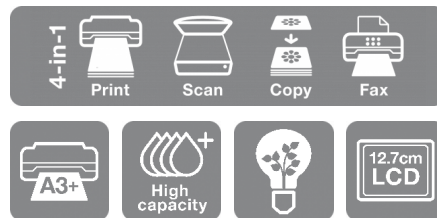

WorkForce Pro WF-C878RDWF

DATASHEET / BROCHURE

Smanjite prekide u radu i troškove i poboljšajte održivost sa ovim izuzetno pouzdanim poslovnim multifunkcionalnim inkdžet štampa em

Uz multifunkcionalni štampa WorkForce Pro RIPS WF-C878R kompanije Epson smanji ete potrošnju energije i prekide u radu dok e produktivnost ostati na istom visokom nivou. Na ovom izuzetno pouzdanom poslovnom multifunkcionalnom inkdžet štampa u korisnici mogu da odštampaju do 20.000 stranica bez zamene potrošnog materijala.¹

Štampanje velikog obima

Ovaj multifunkcionalni štampa koji zahteva mali broj intervencija korisnika štampa i do 20.000 crno-belih stranica ili stranica u boji bez zamene mastila.¹ To zna i da je intervencija korisnika mala, ime se pove ava produktivnost.
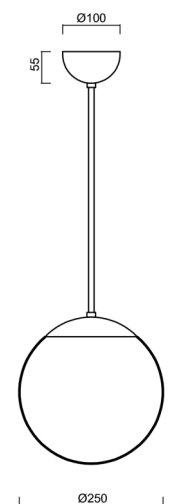

ISIS P2A PM

Kód produktu: ISI70886

Typ: LED-5L06E300Z11/PM2A/L40 NL 4K#

Krátký popis svítidla: Nerez leštěné závěsné LED svítidlo ON/OFF a PMMA stínidlo. Tyčový závěs o délce 40 cm.

Technická data

Typy svítidel	Klasické on/off
Typ montáže	závěsné - tyč
Materiál základny	nerez ocel
Materiál stínidla	opálový polymethylmetakrylát
Barva základny	nerez leštěná
Barva stínidla	bílá
Držení stínidla	ocelový držák
Umístění montáže	strop
Šířka	250 mm
Délka	250 mm
Výška	250 mm
Průměr	ø 250 mm
Délka závěsu	400 mm
Montážní otvor	není
Energetická třída	D
Rázová pevnost	IK06
Provozní teplota	od -20°C do +30°C

Elektrická data

Příkon	14 W
Stupeň krytí	IP40
Objímka	LED modul
Svorkovnice	není
Počet svítidel na jistič B10A	72 ks
Počet svítidel na jistič B16A	116 ks
Počet svítidel na jistič C10A	72 ks
Počet svítidel na jistič C16A	116 ks
Počet LED driverů	1

Světelná data

Světelný tok svítidla	2090 lm
Světelný tok zdroje	2380 lm
Měrný výkon	149 lm/W
Teplota chromatičnosti	4000 K
Životnost LED L80/B10	100000 hod
CRI	Ra80
MacAdam	3
Fotobiologická bezpečnost svítidla dle EN 62471 (Blue light hazard)	Risk group 0

Eulum data pro výpočtové programy jsou k dispozici na www.osmont.cz.
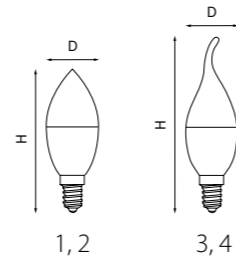

ДЕКОРАТИВНЫЕ СВЕТОДИОДНЫЕ ЛАМПЫ E14 НА 220V

артикул	V	W	Lm	D	H	цветовая температура			
940522	220	E14 7	60	460	35	110	20000	100	3000K ●
940542	220	E14 7	60	460	35	110	20000	100	3000K ●
940544	220	E14 7	60	460	35	110	20000	100	4000K ○
940622	220	E14 7	60	460	35	135	20000	100	3000K ●
940642	220	E14 7	60	460	35	135	20000	100	3000K ●
940644	220	E14 7	60	460	35	135	20000	100	4000K ○
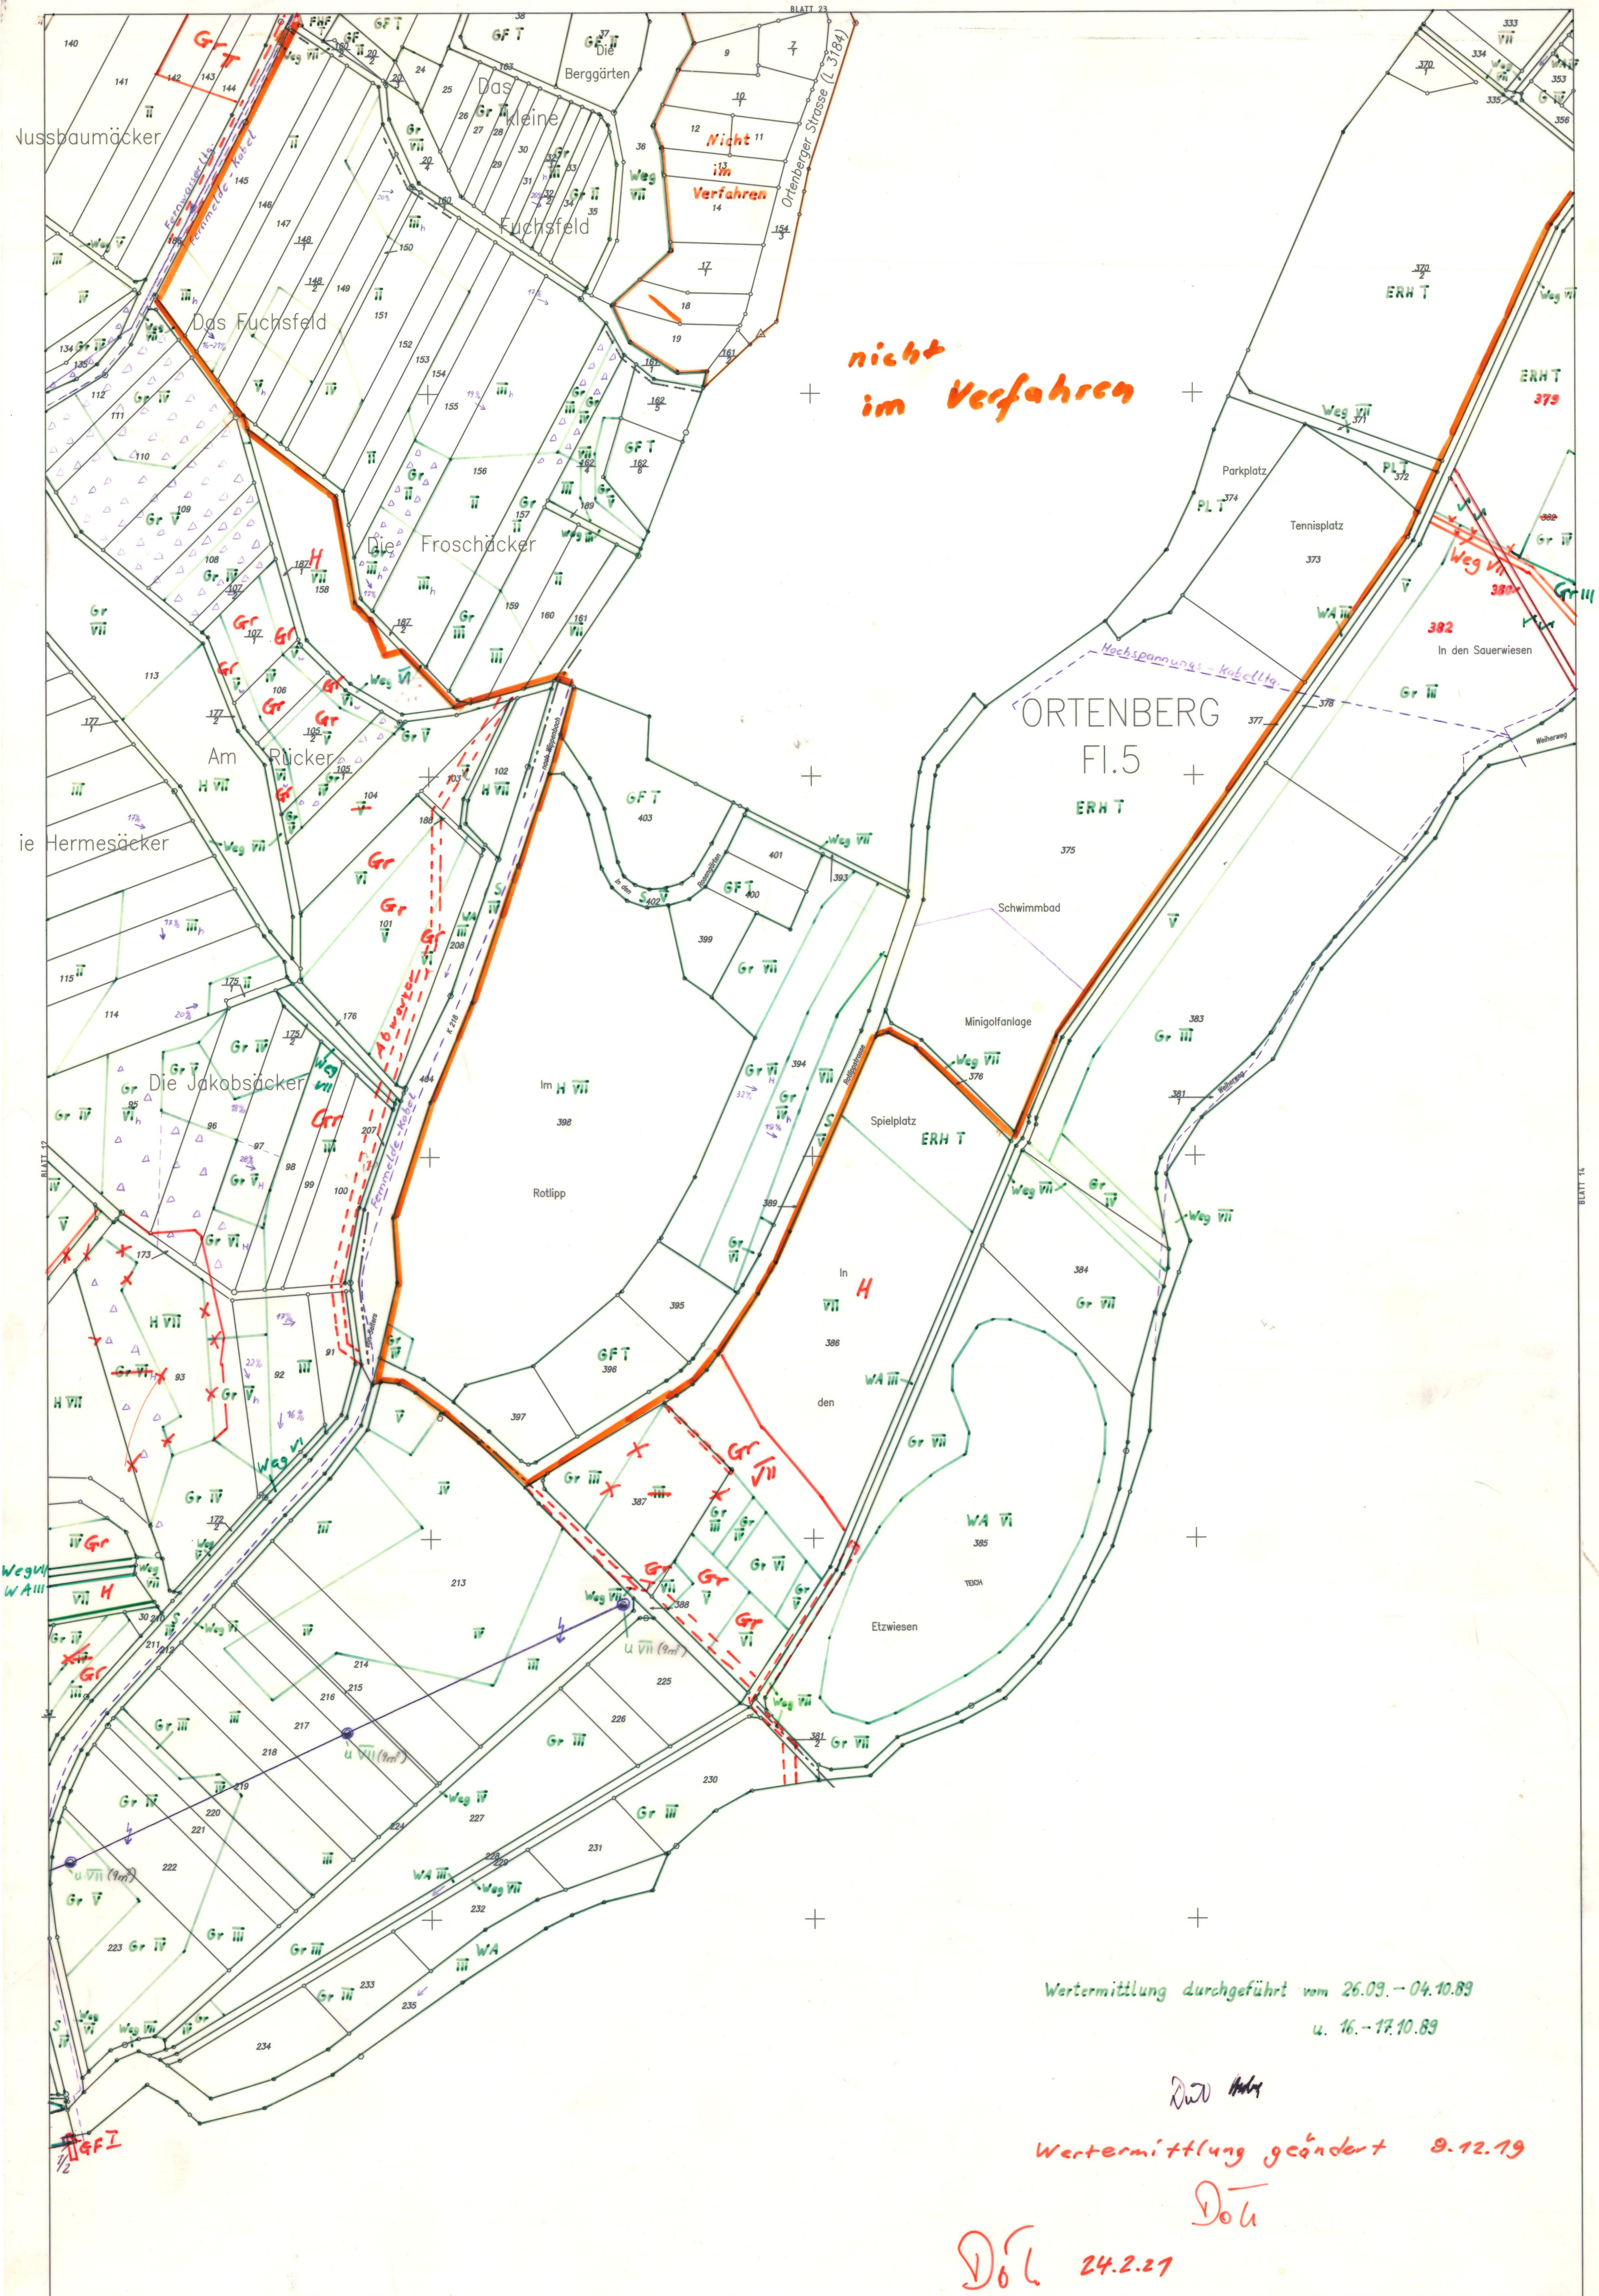

nicht
im Verfahren

ORTENBERG
Fl. 5
ERH T

Wertermittlung durchgeführt vom 26.09.-04.10.89
u. 16.-17.10.89

Wertermittlung geändert 9.12.19
DOL

DOL 24.2.27
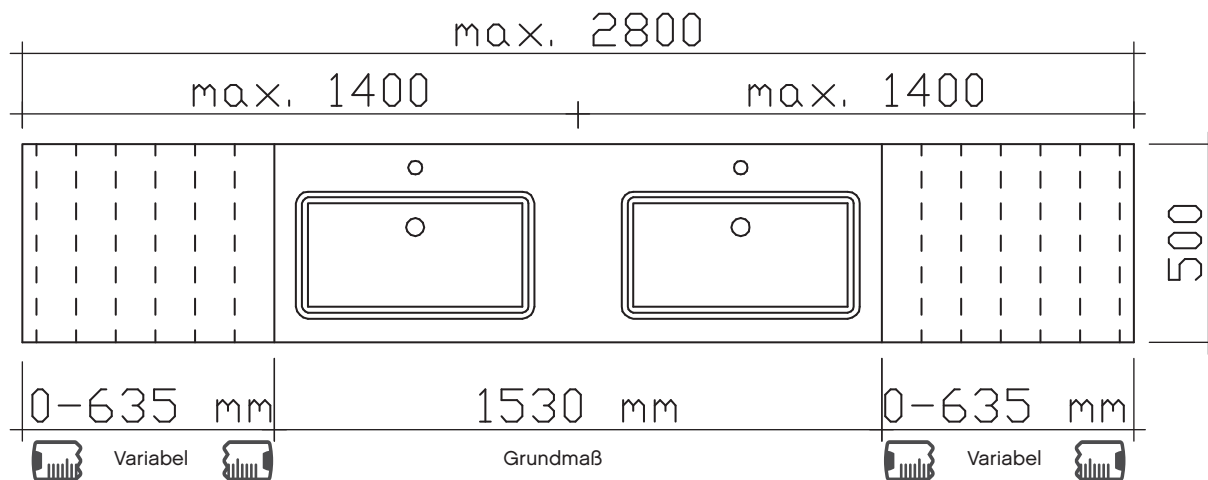

Nicht separat bestellbar!

Höhe	Breite	Tiefe	Bestell-Text	Korpusausführung	EEK	PG 1	PG 2	PG 3
	650		EB-L-WP 01		A++-A (1)	-		

Mineralmarmor-Waschtisch MMDWTV 54, variabel in der Breite

Variabel in der Breite von 1530 bis 2800 mm, mit einem integrierten Becken, Waschtischstärke 20 mm, Tiefe 500 mm, inkl. integriertem Überlauf
 Bestellbeispiel: MMDWTV 54-_____

##############################

» Activity: Pull every line containing "zamene" from the data.

» Result below:
Uz multifunkcionalni štampa WorkForce Pro RIPS WF-C878R kompanije Epson smanji ete potrošnju energije i prekide u radu dok e produktivnost ostati na istom visokom nivou. Na ovom izuzetno pouzdanom poslovnom multifunkcionalnom inkdžet štampa u korisnici mogu da odštampaju do 20.000 stranica bez zamene potrošnog materijala.¹
Ovaj multifunkcionalni štampa koji zahteva mali broj intervencija korisnika štampa i do 20.000 crno-belih stranica ili stranica u boji bez zamene mastila.¹ To zna i da je intervencija korisnika mala, ime se pove ava produktivnost.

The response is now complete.